SLO & Reliability Practical By Samson Tanimawo, PhD Published Aug 1, 2025 4 min read

SLOs for Streaming Systems

Streaming: throughput, lag, errors.

The three dimensions of streaming SLOs

Throughput. Events processed per second per partition or shard. The SLO sets a floor below which the pipeline is failing its commitment, even if no single message is lost.

Lag. Consumer offset versus producer offset, expressed in time. A 10-minute lag commitment is meaningful for downstream that depends on freshness; a 1-hour lag commitment is for batch-shaped consumers.

Per-event errors. Events that hit dead-letter queues, fail schema validation, or get dropped by a faulty consumer. This is the quality dimension that throughput and lag alone miss.

Throughput SLO mechanics

Measure as events processed per second over a rolling window. 99% of 1-minute windows must exceed the floor. Per-partition floors prevent one slow partition from being averaged away.

Set the floor based on incoming traffic, not arbitrary numbers. If producer rate averages 5k events/sec, the consumer floor should be 5k/sec with headroom. Below incoming rate, lag grows.

Alert when the SLO is at risk, not on every slow window. Multi-window burn rate alerts: 1-hour, 6-hour, 3-day. Alert when all three burn faster than budget allows.

Lag SLO mechanics

Express lag in time units, not raw offsets. 1k offsets means little; 10 minutes of accumulated work is meaningful. Most observability tools compute time-lag from offset and partition rate.

Pick the lag floor by what downstream tolerates. Real-time dashboards: under 30 seconds. Hourly reports: under 5 minutes. Nightly batch: under 30 minutes. Match the SLO to the actual product need.

Watch for partition skew.
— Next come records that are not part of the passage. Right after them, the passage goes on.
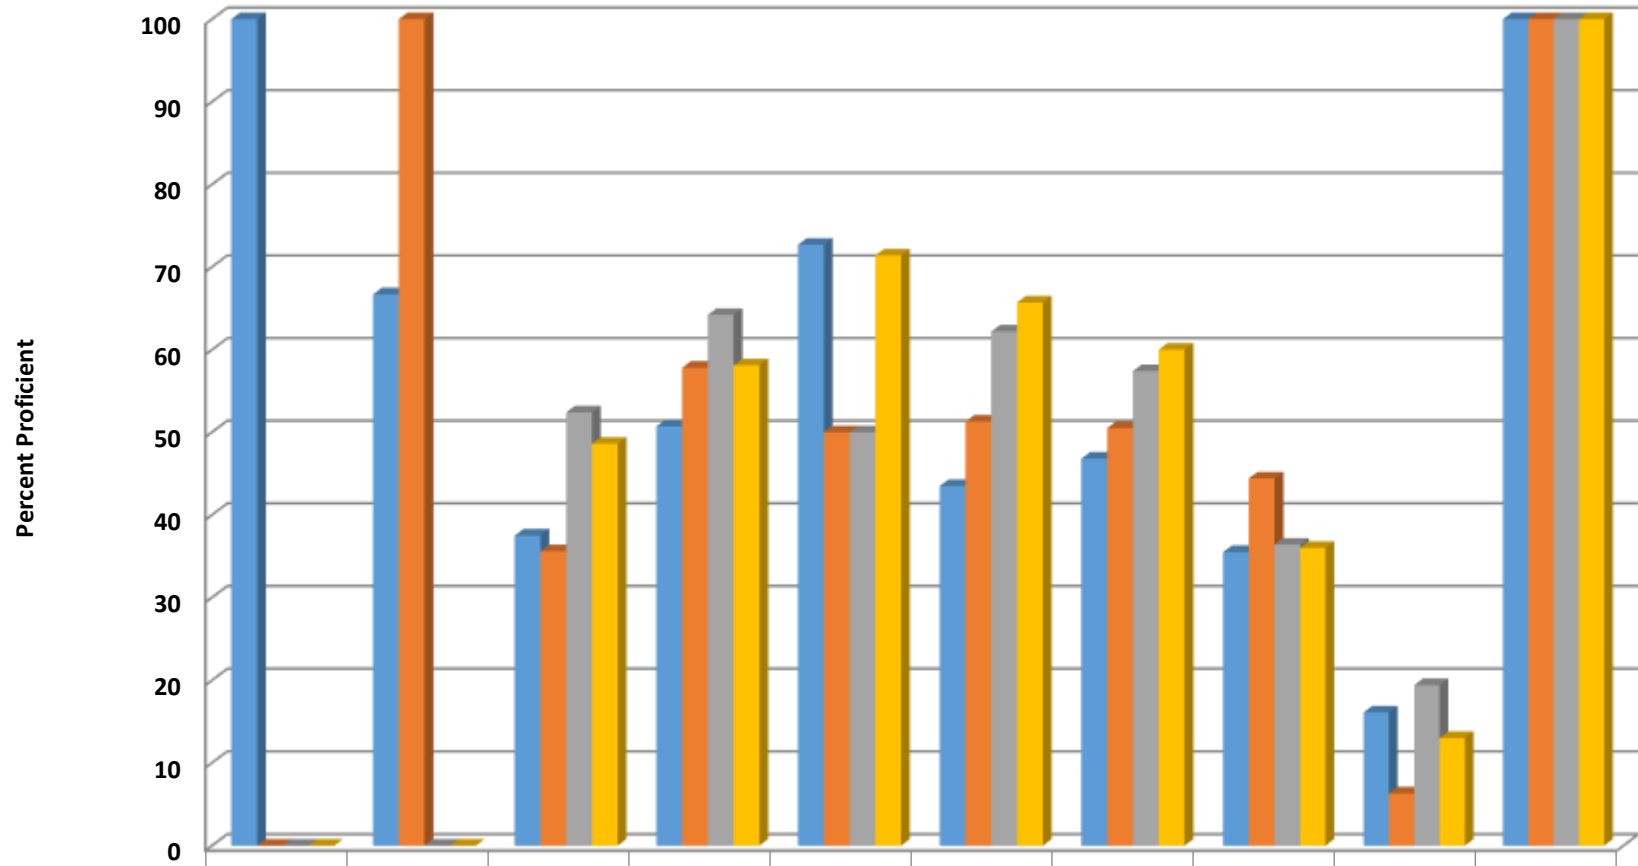

Ramseur Elementary 2016-2017 Math, Reading, and Science GLP

Ramseur Elementary Grades 3-5 Math Percent Proficient by Subgroups

	AMIN	ASIA	BLCK	HISP	MULT	WHITE	EDS	LEP	SWD	AIG
2014 prof pct	100	66.7	37.5	50.7	72.7	43.5	46.8	35.5	16.1	100
2015 prof pct	0	100	35.6	57.8	50	51.3	50.5	44.4	6.3	100
2016 prof pct	0	0	52.4	64.2	50	62.2	57.4	36.4	19.4	100
2017 prof pct	0	0	48.6	58.1	71.4	65.7	60	36	13	100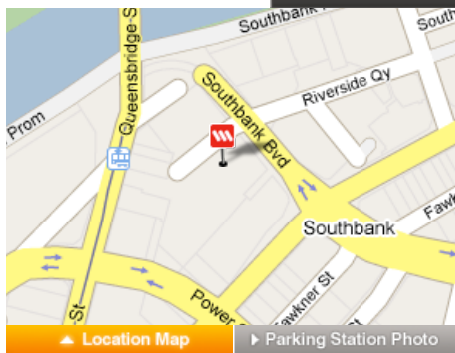

Freshwater Place

Freshwater Place

Phone 03) 9224 0301

Car Park Fees

Hours of Operation

Casual Fees

0.0 - 0.5 hours	$4.00
0.5 - 1.0 hours	$12.00
1.0 - 2.0 hours	$26.00
2.0 - 3.0 hours	$32.00
3.0 + hours	$38.00 Max

Night Fees

$7.00

Entry after 4.00pm and exit before 6.00am the next day

Weekend Fees

$3.00 per hour, $9.00 Max

per exit, per day

Earlybird Fees

$15.00

Entry between 6am - 10am and exit between 3pm and before 6am the next day

Height Restriction

Motorbikes

Permanent Parking Information

For hassle free monthly parking with a guaranteed space, please call our sales department on (03) 9224 0301

Surrounding Attractions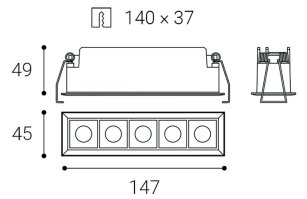

Application - general or accent lighting, intended for residential or commercial areas (hallway, wardrobes, entrance areas, bar, receptions, working places).

**LINEAR 2**      4W    3000K    420 lm

**LINEAR 5**      10W    3000K    1050 lm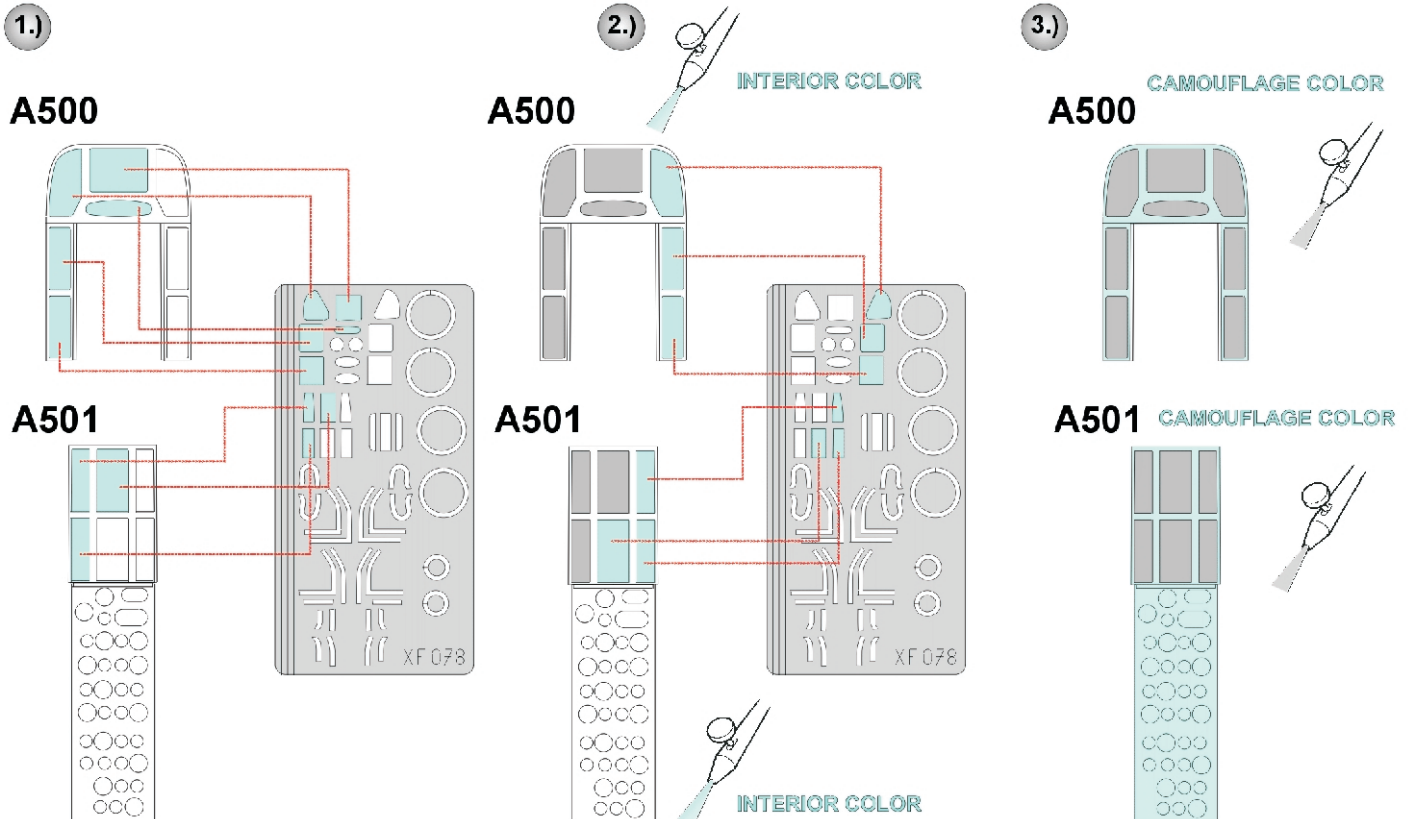

eduard
Express Mask

XF 078

A-20 Havoc

The die-cut mask for accurate canopy frame painting of the
AMT 1/48 KIT

REFERENCES:
Squadron / Signal Publications
in action 1056
Scale Models 1/ 1978
Replic #46/ 1995

1.)

B504

CUT A SHARP ANGLE

2.)

B504

3.)

B504

B504

CUT A SHARP ANGLE

B504

4.)

INTERIOR COLOR

B504

B504

5.)

CAMOUFLAGE COLOR

B504

Per-partition lag tells you whether the workload is balanced. If one partition is at 10-minute lag while others are at 0, the partition key is hot.

Quality SLOs for streaming

Per-event error rate is harder to measure but matters more. Schema-rejected events, deserialisation failures, dead-letter queue arrivals all count.

Sample-based correctness for high-volume streams. Take 1% of events, run them through a known-correct downstream, compare. The diff rate is the quality SLO.

Don't forget silent drops. A consumer with try-except logging warnings on parse errors looks healthy in metrics but is dropping data. Audit dead-letter rates monthly.

Operating streaming SLOs

Per-pipeline dashboard with all three SLO panels. Burn rate visible. Recent SLO breaches with cause.

Couple lag SLO to autoscale. When lag breaches, scale consumers. When lag recovers and stays healthy for 10 minutes, scale back. Avoid flapping with hysteresis.

Quarterly review: is the SLO still right? Streaming workloads grow, partitioning changes, downstream needs shift. The SLO that fit last year may be loose or tight today.